Timeline and Public Participation

The USTR is soliciting public input on the investigations, including:

  • Whether the listed economies maintain, or are in the process of establishing, effective forced labor import prohibitions;
  • The impact of any failure to do so on U.S. commerce, including lost exports, depressed prices, or lower wages; and
  • Suggested remedies, including duties or import restrictions, and their appropriate scope.

Key dates for participation:

  • March 17, 2026: Online portal opens for comments and hearing requests.
  • April 15, 2026: Deadline to submit written comments and requests to appear at the public hearing (with summary of testimony) via USTR's electronic portal.
  • April 28, 2026: Public hearings begin at the U.S. International Trade Commission in Washington, D.C., continuing as necessary through May 1, 2026.
  • Seven days after final hearing: Deadline for post-hearing rebuttal comments.

Potential Impact

For both sets of Section 301 investigations, the USTR will determine whether the investigated countries’ respective manufacturing practices burden or restrict U.S. commerce and/or whether the absence of effective forced labor prohibitions constitutes an actionable trade practice. On the USTR’s recommendations, the president may impose additional tariffs or other trade restrictions. Each country will be individually investigated, whereas the EU will be investigated as a group.

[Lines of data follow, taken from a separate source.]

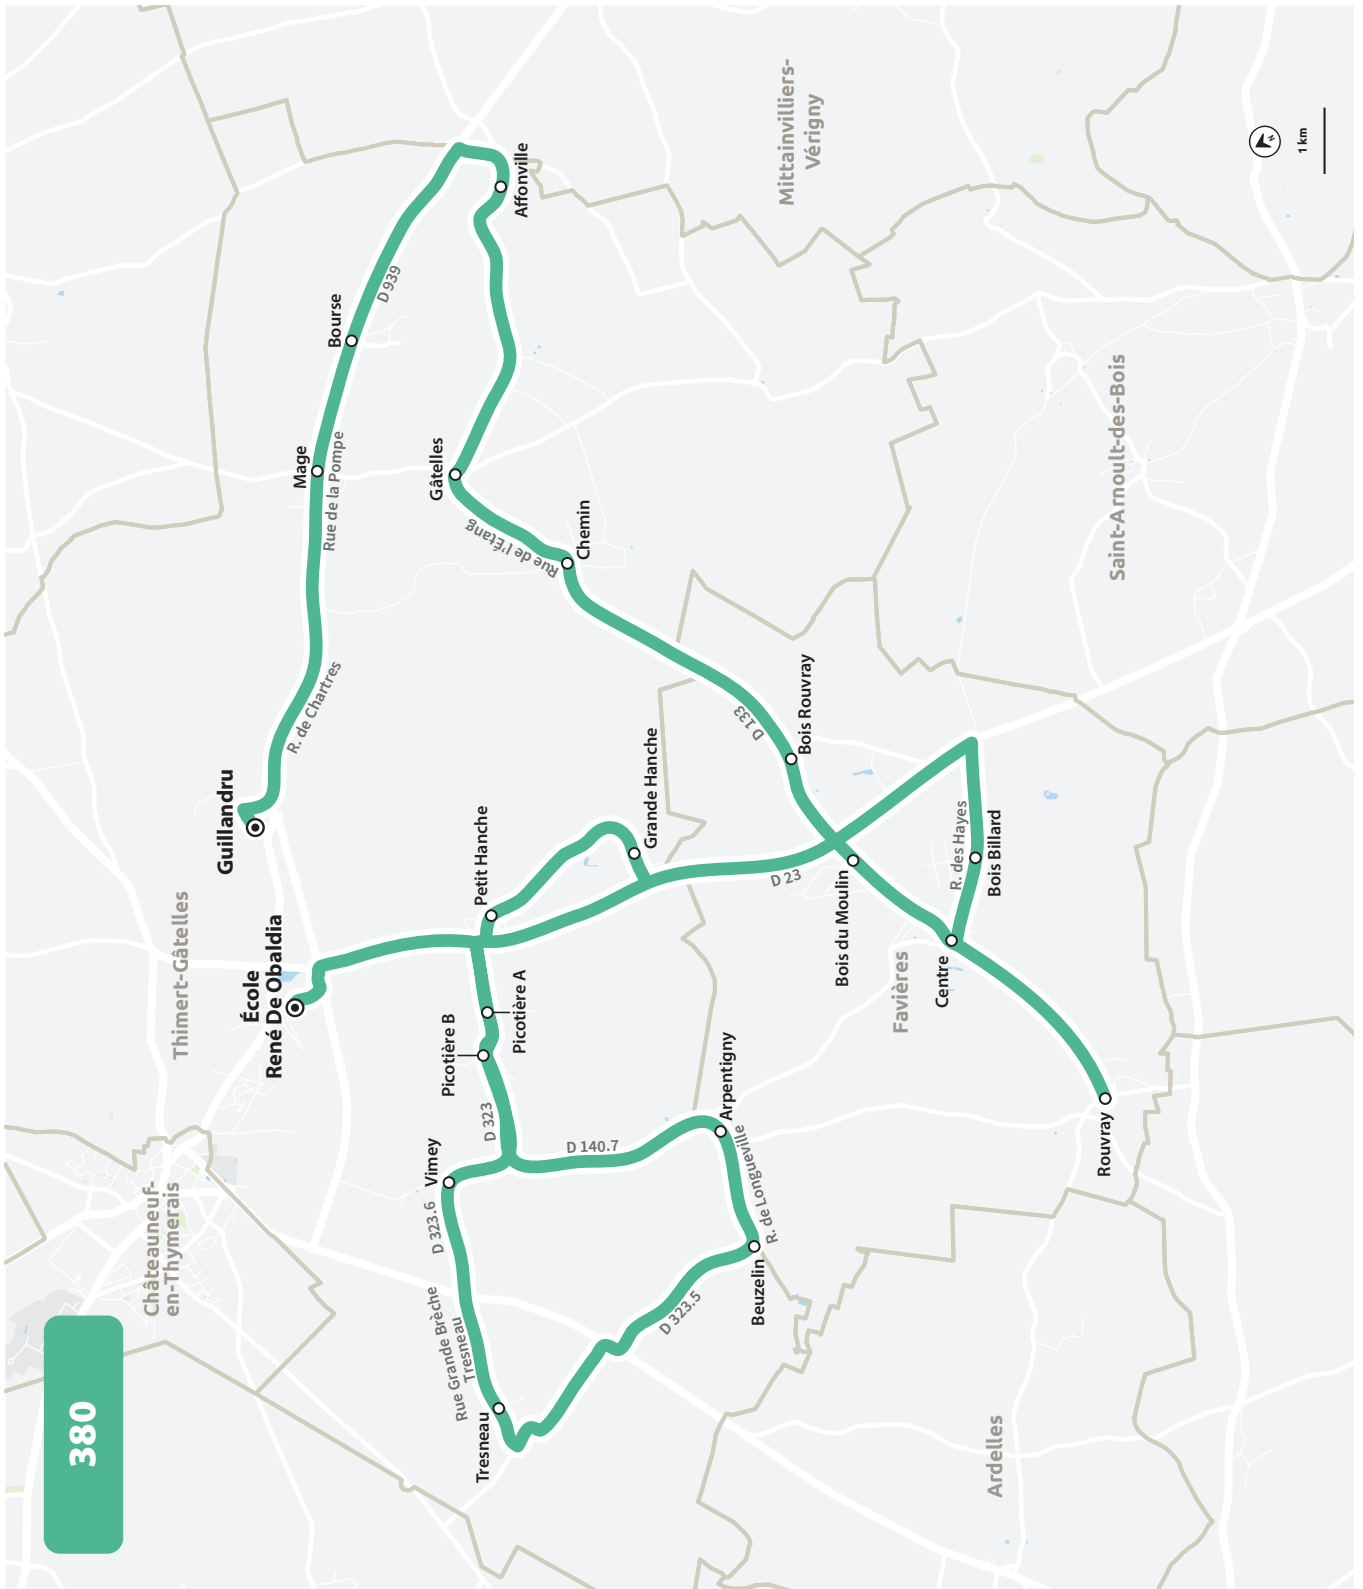

ÉCOLE RENÉ DE OBALDIA

HORAIRES À PARTIR DU 2 SEPTEMBRE 2024

LIGNE N°		380
JOUR DE CIRCULATION (L : LUNDI - M : MARDI - Me : MERCREDI, ETC.)		LMJV
PÉRIODE DE FONCTIONNEMENT (PS : SCOLAIRE - VS : VACANCES - T : ANNÉE)		PS
THIMERT-GÂTELLES	Guillandru	740
THIMERT-GÂTELLES	Mage	743
THIMERT-GÂTELLES	Bourse	748
THIMERT-GÂTELLES	Affonville	752
THIMERT-GÂTELLES	Gâtelles	756
THIMERT-GÂTELLES	Chemin	758
FAVIÈRES	Bois Rouvray	802
FAVIÈRES	Bois du Moulin	806
FAVIÈRES	Centre	813
FAVIÈRES	Rouvray	816
FAVIÈRES	Bois Billard	818
THIMERT-GÂTELLES	Petit Hanche	824
THIMERT-GÂTELLES	Grand Hanche	828
THIMERT-GÂTELLES	Picotière A	831
THIMERT-GÂTELLES	Picotière B	832
THIMERT-GÂTELLES	Vimey	834
THIMERT-GÂTELLES	Tresneau	838
THIMERT-GÂTELLES	Beuzelin	844
THIMERT-GÂTELLES	Arpentigny	846
THIMERT-GÂTELLES	École R. De Obaldia	855

LIGNE N°		380
JOUR DE CIRCULATION (L : LUNDI - M : MARDI - Me : MERCREDI, ETC.)		LMJV
PÉRIODE DE FONCTIONNEMENT (PS : SCOLAIRE - VS : VACANCES - T : ANNÉE)		PS
THIMERT-GÂTELLES	École R. De Obaldia	1640
THIMERT-GÂTELLES	Guillandru	1644
THIMERT-GÂTELLES	Mage	1648
THIMERT-GÂTELLES	Bourse	1653
THIMERT-GÂTELLES	Affonville	1657
THIMERT-GÂTELLES	Gâtelles	1702
THIMERT-GÂTELLES	Chemin	1704
FAVIÈRES	Bois Rouvray	1708
FAVIÈRES	Bois du Moulin	1710
FAVIÈRES	Centre	1719
FAVIÈRES	Rouvray	1720
FAVIÈRES	Bois Billard	1722
THIMERT-GÂTELLES	Petit Hanche	1726
THIMERT-GÂTELLES	Grand Hanche	1730
THIMERT-GÂTELLES	Picotière A	1733
THIMERT-GÂTELLES	Picotière B	1735
THIMERT-GÂTELLES	Vimey	1737
THIMERT-GÂTELLES	Tresneau	1741
THIMERT-GÂTELLES	Beuzelin	1746
THIMERT-GÂTELLES	Arpentigny	1748

ÉCOLE RENÉ DE OBALDIA

PLAN À PARTIR DU 2 SEPTEMBRE 2024

380

INFOS ET CONTACT

www.linead.fr

02 37 42 10 10

Any new Section 301 tariffs might stack on top of General or Most Favored Nation tariffs, Antidumping and Countervailing duties, or other duties already in place.

According to Jamieson Greer, the administration hopes to conclude the investigations prior to the July 24, 2026, deadline for the 10% Section 122 duties imposed on Feb. 24, 2026.

The first Trump administration implemented Section 301 duties on most products of China at either 25% or an additional 7.5%, which are still in place today and have, to date, been upheld by court challenges. Companies with supply chains involving the listed countries and sectors may wish to assess their exposure to potential additional tariffs and consider participation in the investigations.